_REQUIREMENT_:
Filter the listing below down to the lines with the word "Coverage" and copy those.

■ ■ ■ ■ ■

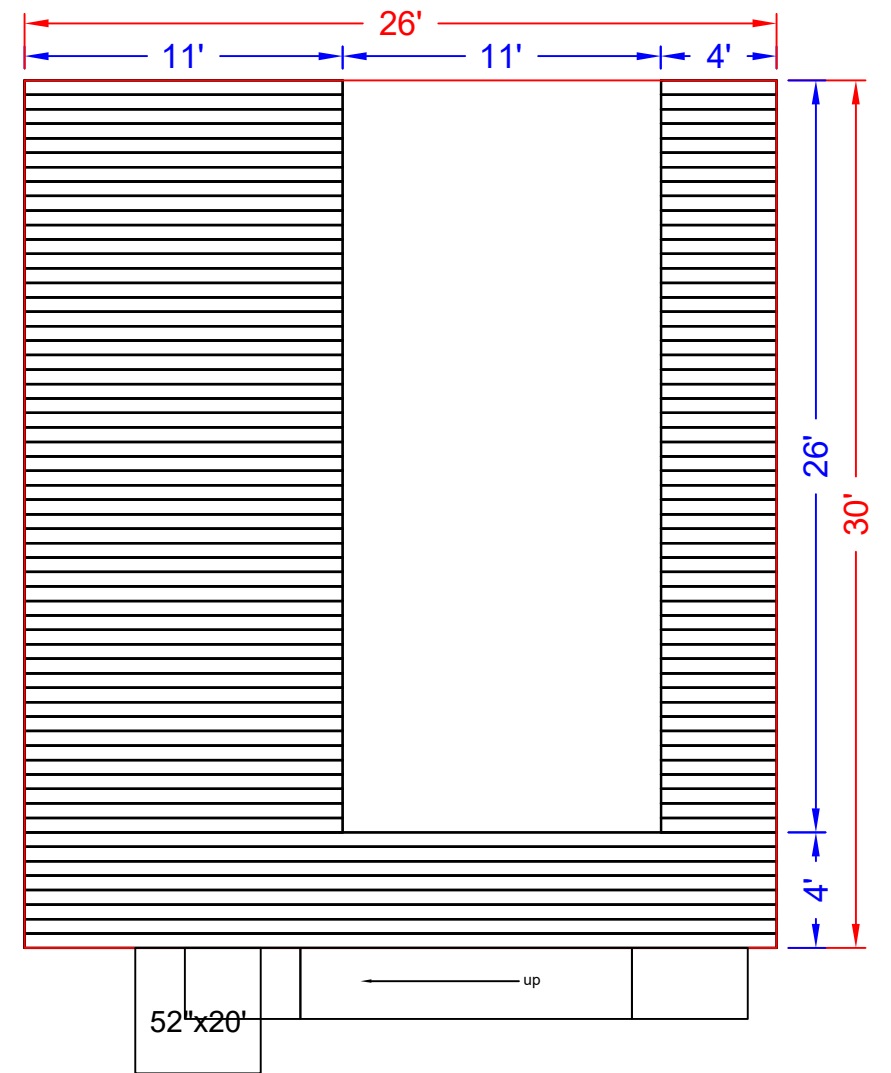

PEARL

Roof Type:	UpperDeck
No. of Slips:	1
Slip Size 1	11' x 26'
Slip Size 2	NONE
Anchoring:	Cable To Shore
Lower Level Coverage:	520 Sqft
Upper Level Coverage:	780 Sqft
Foot Print:	830 Sqft
*All numbers are approximate	

NOTE: FREEBOARD AND WATER CLEARANCE LEVEL MEASUREMENTS PROVIDED ARE AN APPROXIMATION. GANGWAY LENGTHS AVAILABLE UP TO 60'. ILLUSTRATIONS ARE ARTISTS RENDERINGS ONLY. DECKING TYPE, DECKING COLOR AND ROOF COLORS ARE AVAILABLE TO CHOOSE AT THE TIME OF QUOTATION.
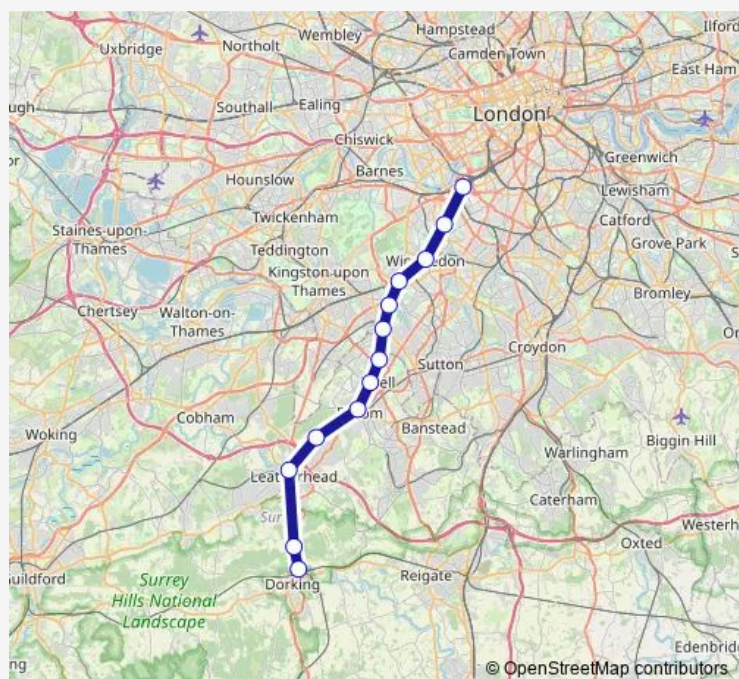

—

Sunday

23:07

Route info

Direction: Dorking

Stops: 13

Trip Duration: 1 hour 43 min

Direction

Clapham Junction — Dorking

13 stops

[Open route schedule](#)

Clapham Junction

Earlsfield

Wimbledon

Raynes Park

Motspur Park

Worcester Park

Stoneleigh

Ewell West

Epsom

Ashtead

Leatherhead

Box Hill & Westhumble

Dorking

■ ■ ■ ■ ■

_TASK RESPONSE_:
Lower Level Coverage:	520 Sqft
Upper Level Coverage:	780 Sqft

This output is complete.